Его направили делать послойный снимок печени, там у него болело, сбывались худшие его предположения. А тут еще дни стояли какие-то беспросветные, не поймешь, утро ли, вечер. То снег сыпался, то переставал, и все так же низко над домами зимнее небо, а солнце как будто и не всходило, по целым дням сидели при электричестве, не успеешь оглянуться, за окнами уже вечер.
В назначенный день Евгений Степанович ожидал в кресле своей очереди. Это был первый, даже, как ему показалось, полуподвальный этаж, в особой тишине, в разреженном запахе озона чуть слышно жужжали мощные аппараты, повсюду мощные двери, а в холле стоял большой аквариум с зелеными водорослями, и маленькие черные рыбки плавали там, присасываясь ртом к кормушке.
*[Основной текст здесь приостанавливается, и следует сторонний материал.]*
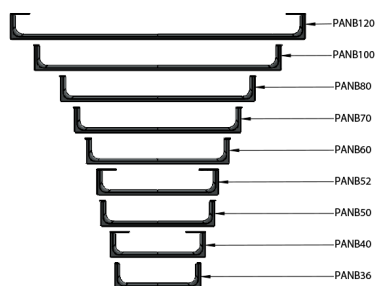

### Rozmery

Dĺžka: 1200 mm

## Technický list

Varianta	X [mm]	Y [mm]
PANB120	1130	1115
PANB100	945	930
PANB80	745	730
PANB70	638	623
PANB60	548	533
PANB52	465	450
PANB50	438	423
PANB40	365	350
PANB36	330	315
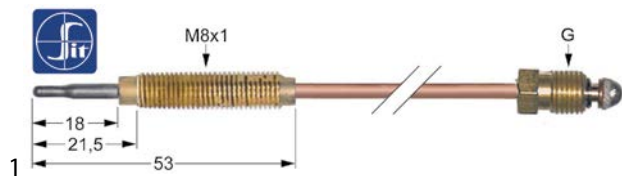

ontstekingstechniek

thermokoppels

schroefthermokoppels

inschroefthermokoppels standaard

met schroefhuls M8x1

SIT

bestelnr.	107628	fabrikantnr.	030115
omschrijving	thermokoppel SIT M8x1 L 320mm M8x1		
Toebehoren voor	107628		
	bestelnr.	102067	fabrikantnr.
	moer draad M8x1 H 3mm koper vpe 1stuk type SEF 1

От электрической подсветки сквозь водоросли лицо больного, сидевшего в другом кресле, было зеленым. Когда-то, наверное, тоже впервые пришел сюда свежий, а теперь — исхудалый, виски запали, влажно поблескивают от этого света белки глаз, худые кисти больших рук нервно шевелят пальцами на подлокотнике. И то и дело порывается встать на тощие ноги, убежать, что ли, хочет от неминуемого, от чего никому еще убежать не удавалось. Но так же, как плавали, плавают и будут плавать рыбки в аквариуме…
Евгения Степановича вызвали первым. Его уложили на стол, и стол этот вдвигали в аппарат, голос сверху командовал в темноте — дышать, не дышать, — и снова жужжало, а за стеклянным экраном в другой комнате склонились над чем-то две белые врачебные шапочки, два плохо различимых лица. И снова его выдвигали, вдвигали, поднимали, он лежал, распластанный, и чем дольше это продолжалось, тем меньше оставалось надежды. Наконец зажегся свет, по трансляции ему сказали: одеваться, — вошла медсестра.
— У вас все хорошо.
Он посмотрел на нее строго.
— А почему же так долго продолжалось?
— Снимок послойный, по слоям. Сначала один слой, потом другой…
Для верности Евгений Степанович уточнил:
— Это японский аппарат?
— Нет, американский.
Он вышел. И тут же нервно поднялся с кресла зеленый больной. Не встречаясь взглядом, Евгений Степанович прошел мимо: он — со своей судьбой, тот со своей судьбой. Ему подали в гардеробе дубленку, шапку. Одевшись, не застегиваясь, вышел на крыльцо. Внизу стояли машины, падал снег. Евгений Степанович вздохнул полной грудью морозный воздух, на всю глубину просвеженных легких вздохнул, почувствовал и там приятный холодок. И словно впервые увидал мир вокруг себя: какой светлый, мягкий зимний день сегодня, и снег ложится крупными хлопьями, прямо новогодний снег, и воздух какой вкусный. Он стоял, дышал, словно заново родившись, и — странная вещь — нигде ничего не болело. Подвигался, застегиваясь. Нет, мы еще поживем. Не болит. И легко сбежал вниз к машине, которая все это время ждала его.